В определениях новеллы, многочисленных и разнообразных, чаще всего встречаются такие жанрообразующие признаки, как событийность, краткость, сжатость, символичность, семантическая насыщенность.[72] Самое скромное место в этом ряду занимает, как правило, краткость. Однако величина текста, его протяженность, как показал Ю. Тынянов, не только обеспечивает (как «черта вторичная») «сохранение жанра», а также, будучи «вначале понятием энергетическим», «в некоторые исторические периоды определяет законы конструкции»[73]. Как бы мы ни рассматривали длину текста: как фактор, обусловливающий смысловую конструкцию, или как фактор, обусловливаемый некоей «формой содержания»[74], соотнесенность, связь между краткостью и построением действия бесспорна. Связь эта опосредована определенной организацией текста, которую следует, думается, называть поэтической. Наряду с общепризнанным мнением о том, что «преобладание действия делает новеллу наиболее эпическим из всех эпических жанров», что новелле свойственны элементы драматизма[75], необходимо определить новеллу с точки зрения построения ее текста как наиболее поэтический жанр повествовательной прозы. Более осторожно можно говорить о том, что для новеллы особенно характерна тенденция к вплетению поэтических приемов в основную прозаическую, нарративную канву текста.
Поэтическое здесь понимается как конструктивный принцип, определяющий то полушарие литературного мира, которое в русском модернизме называлось «словесным искусством».[76] Поэтичность же новеллы сказывается прежде всего в таких приемах[77], как:
— парадигматизация (введение в текст на всех различаемых уровнях эквивалентностей, т. е. сходств и противопоставлений);
— тектоника, геометричность построения действия и текста (в силу применения парадигматизации к топосам рассказываемой истории, наррации и дискурса)[78];
— отмена немотивированности знака по отношению к обозначаемому (приводящая к принципиальной иконичности всех формальных упорядоченностей);
— двоякая (буквальная и переносная) значимость всех слов, прежде всего речевых клише;
— сюжетное развертывание и распластывание семантических фигур (метафора, оксиморон, парадокс и др.) и паремий (пословицы, поговорки, приговорки и др.);
— повышение значимости и высвобождение семантического потенциала отдельных словесных или тематических мотивов в силу их включенности в разного рода интертекстуальные связи.[79]

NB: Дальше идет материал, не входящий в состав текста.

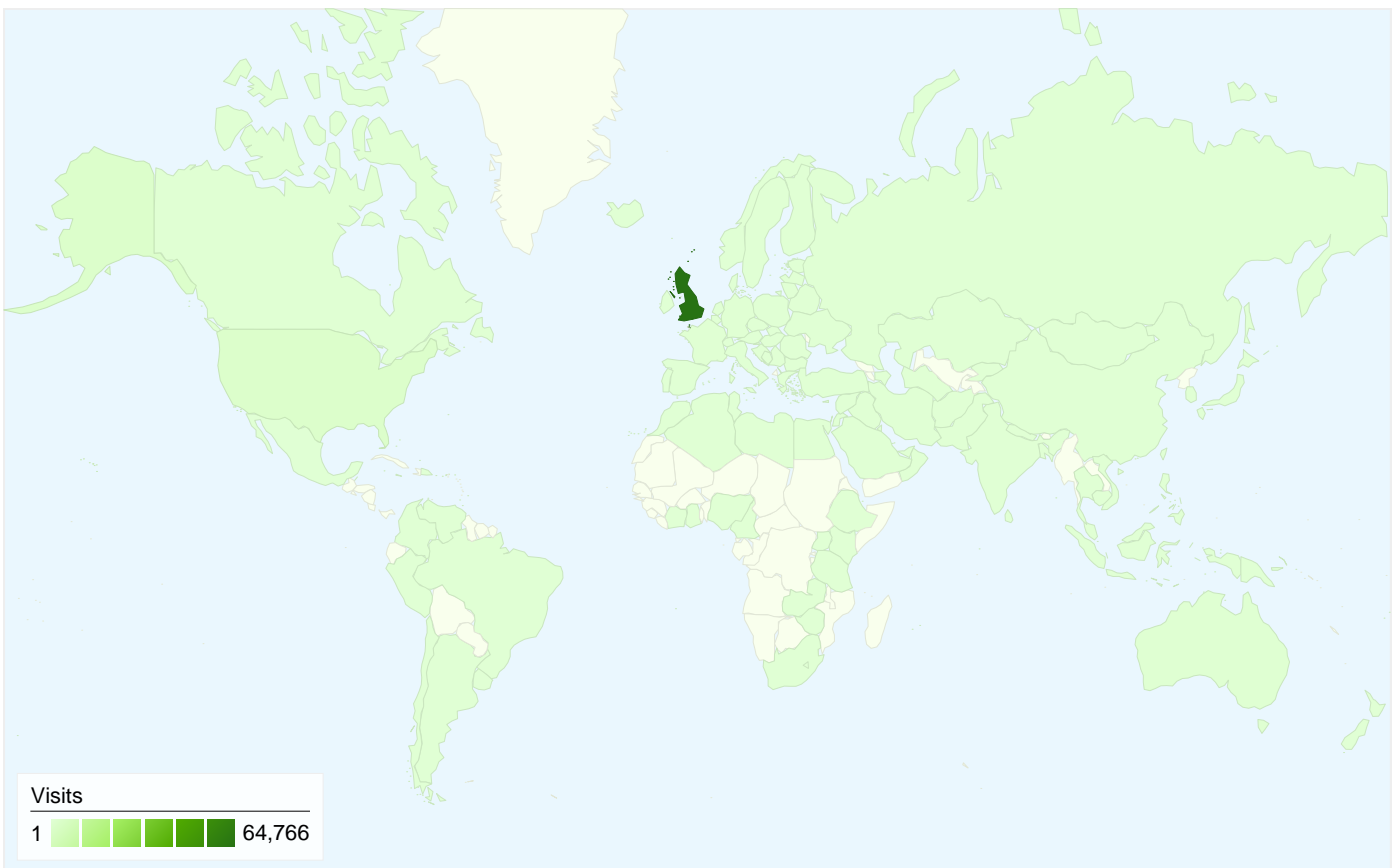

41,806 people visited this site

-  **70,196** Visits
-  **41,806** Absolute Unique Visitors
-  **383,840** Page Views
-  **5.47** Average Page Views
-  **00:02:39** Time on Site
-  **28.07%** Bounce Rate
-  **42.31%** New Visits

All traffic sources sent a total of 70,196 visits

-  **13.26%** Direct Traffic
-  **29.06%** Referring Sites
-  **57.68%** Search Engines

Top Traffic Sources

Sources	Visits	% visits	Keywords	Visits	% visits
google (organic)	33,076	47.12%	stirling council	11,572	28.58%
web.stirling.gov.uk (referral)	9,450	13.46%	stirling	1,415	3.49%
(direct) ((none))	9,306	13.26%	stirling council vacancies	443	1.09%
yahoo (organic)	2,580	3.68%	stirling council jobs	387	0.96%
dogpages.org.uk (referral)	2,369	3.37%	tolbooth stirling	331	0.82%

70,196 visits came from 128 countries/territories

Site Usage

Country/Territory	Visits	Pages/Visit	Avg. Time on Site	% New Visits	Bounce Rate
United Kingdom	64,766	5.65	00:02:43	38.82%	25.50%
United States	1,814	2.99	00:01:31	85.06%	61.14%
Australia	399	3.85	00:02:31	81.20%	54.64%
Canada	322	4.17	00:02:33	83.54%	51.55%
Germany	269	5.38	00:03:32	75.84%	52.04%
France	243	3.03	00:01:28	79.01%	55.97%
Spain	178	4.90	00:02:27	73.03%	47.19%
Ireland	173	3.03	00:00:52	86.13%	68.21%
Netherlands	171	3.50	00:01:13	77.19%	50.88%
Japan	134	2.29	00:01:32	91.04%	67.91%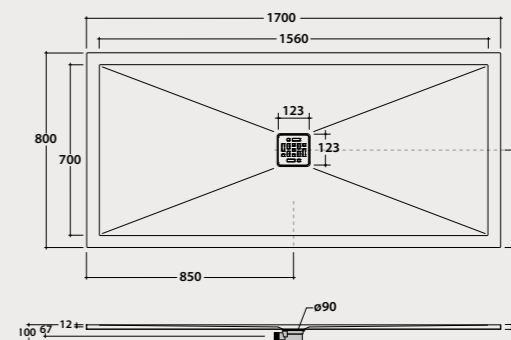

Q.ty pallet pcs. 22

Drain cover

Drain cover (replacement).

DP010501 58,00
White Drain Cover

NEW! DP010CR 34,00
Chrome Drain Cover

Drain

DOCCIAPIETRA drain (replacement).

DP008 37,00

Repair Kit

Repair kit

DPKITXXX 209,00

Cleaning detergent

Cleaning detergent for DOCCIAPIETRA (1 lt)

DET01 45,00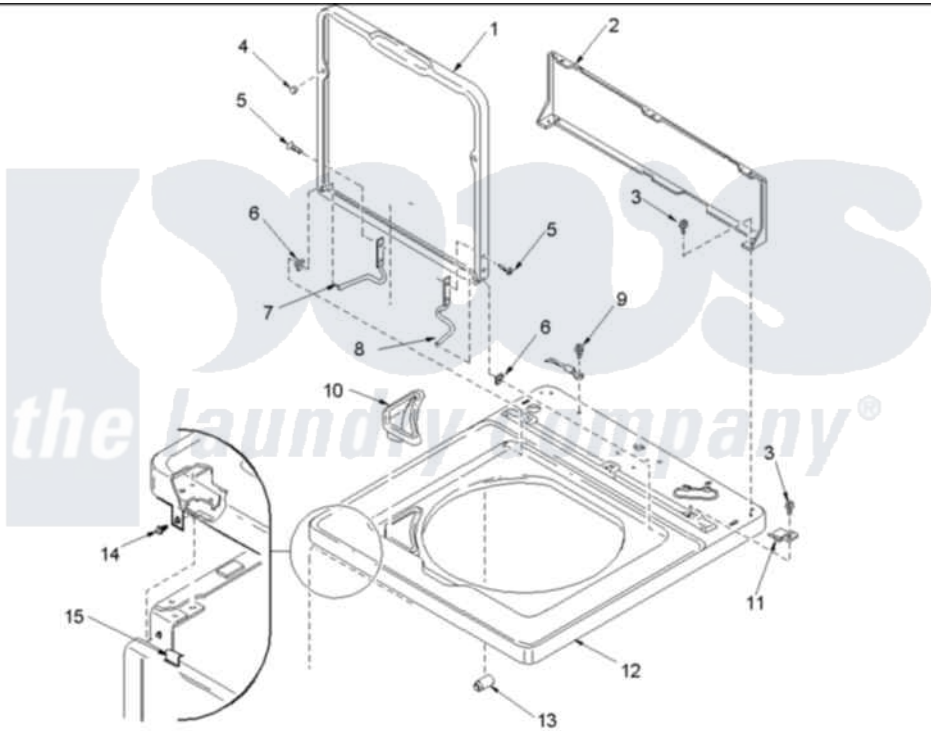

Amana ALW990EAW (BOM: PALW990EAW) 04 - Cabinet Top, Door, and Door Switch

Image 1

Image 2

Amana [Residential Amana ALW990EAW \(BOM: PALW990EAW\) Washer Parts](#) Parts Diagram 04 - Cabinet Top, Door, and Door Switch

[Click on the part number to view part](#)

Item	Original Part Number	Replaced By	Status	Part Description
1	40111301W	27001093		Lid
2	40051401		Not Available	PANEL,HOME HOOD BACK
"	40121402			Panel, Back
3	501086	90767		Screw, 8A X 3/8 HeX Washer Head Tapping
4	40038001			Bumper
5	40039201	W10119828		Screw, Lid Hinge Mounting
6	40008201			Bushing, Hinge
7	40094002			Hinge, Lid Left Stop
8	40094101			Hinge, Lid Right Pass
9	20530			Screw, 10-24 x 3/8 Hex
10	40093901			Dispenser, Bleach
11	40063901			Clip, Hold Down
12	40000202W	27001182		Top
13	40102101			Cap, Hinge

14	503661	27001200	Screw
15	56080	22001650	Fastener, Spring
16	501086	90767	Screw, 8A X 3/8 HeX Washer Head Tapping
17	40076401WP	37001284	Cabinet As Pack
"	40076402W	37001284	Cabinet As Pack
"	40076402C	40076402CP	Cabinet, Dryer And Washer
18	40035001	27001095	Switch, Lid
19	40040701		Screw, Tapping No.6b-20
20	40009801		Holder, Lid Switch
21	40009701		Arm, Lid Switch

«Первенец» русской новеллы — «Гробовщик». Из всех «Повестей Белкина» эта новелла — самая короткая, самая загадочная, быть может, самая богатая по содержанию, самая прозаичная по изображаемому миру и, в то же время, самая поэтичная по структуре. Текст пронизан сетью перекличек, как тематических, так и звуковых. Характер событийности определяется контрастами, возникающими в разных планах — в ситуационном, лексическом и ритмо–фоническом. Сюжет организуется двойным контрастом — между началом и концом, с одной стороны, и между сном и явью, — с другой. В то же самое время сон, отражающий явь, является ее продолжением, в котором осуществляются все дневные желания. Рассказываемая история и отдельные ее мотивы отсылают читателя к разным подтекстам, на фоне которых мотивные пробелы пополняются, а имеющиеся мотивы семантически прирастают. Завязка основывается на превращении семантической фигуры, которое обнаруживается и в развертывании таких речевых клише, как поговорка и приговорка. Развязка предвосхищается пословицей, сбывающейся в движении сюжета с метонимическим сдвигом и в переносном смысле.